= James McConvill =

Australian lawyer

James McConvill is an Australian lawyer (Note: But not an Australian legal practitioner, which is the term for a person who is authorised to engage in legal practice in Australia.) who has been a legal scholar, and also a writer and lecturer.

He is the editor of the international corporate governance journal, The Corporate Governance Law Review. He works at Victoria University, Melbourne, where he takes corporations law and looks after the Master's degree and Doctorate students.

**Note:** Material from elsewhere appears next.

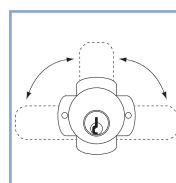

Codice SPS	Articolo	L mm.	A mm.	B mm.	Perni	Imb.	UM	EAN
SVI1252	1252	17,5	20	2,5	4	12	PZ	8 005344 026442
SVI1253	1253	21	20	2,5	5	12	PZ	8 005344 026480
SVI1254	1254	26	20	2,5	5	12	PZ	8 005344 026466

== Education and career ==
After completing law school from Deakin University, McConvill worked as a corporate lawyer for three years with the Australian firm, Allens Arthur Robinson (AAR). Following his time at AAR, he worked at Deakin University and La Trobe University before becoming a principal at The Corporate Research Group, International, an Australian think-tank on corporate governance, his academic specialty. He has also become director of the Asia-Pacific Centre for American Law.

== Writings ==

=== Books ===
McConvill has written several books on corporate government and related subjects
- Principles of contemporary corporate governance, by J J Du Plessis; James McConvill; Mirko Bagaric. Cambridge [England]; New York : Cambridge University Press, 2005. ISBN 978-0-521-61783-3
- Shareholder participation and the corporation : a fresh inter-disciplinary approach in happiness. by James McConvill. Abingdon [England]; New York : Routledge-Cavendish, 2006. ISBN 978-1-84568-011-4
- In the pursuit of truth : reflections on law, life and contemporary affairs by James McConvill South Yarra, Vic. : Sandstone Academic Press, ©2006. ISBN 978-0-9757839-2-4
- Coming down the mountain : rethinking takeovers regulation in Australia by James McConvillSouth Yarra Victoria, Australia : Sandstone Academic Press, 2006.	ISBN 978-0-9757839-1-7
- An introduction to CLERP 9 by James McConvill. Chatswood, N.S.W. : LexisNexis, 2004. ISBN 978-0-409-32181-4
- The false promise of pay for performance : embracing a positive model of the company executive by James McConvill. South Yarra, Victoria, Australia : Sandstone Academic Press, 2005. ISBN 978-0-9757839-0-0

=== Articles ===
He has also written at least 50 peer-reviewed articles in American, British, German, and Australian legal journals.

=== Fraser controversy ===
McConvill gained national attention in Australia during 2005, when editor of the Deakin Law Review, for agreeing to publish an article called "Rethinking the White Australia Policy" by Professor Drew Fraser. The article was withdrawn after the Sudanese community in Australia threatened to sue Deakin University. Media at the time reported concerns that the article was both racist and xenophobic.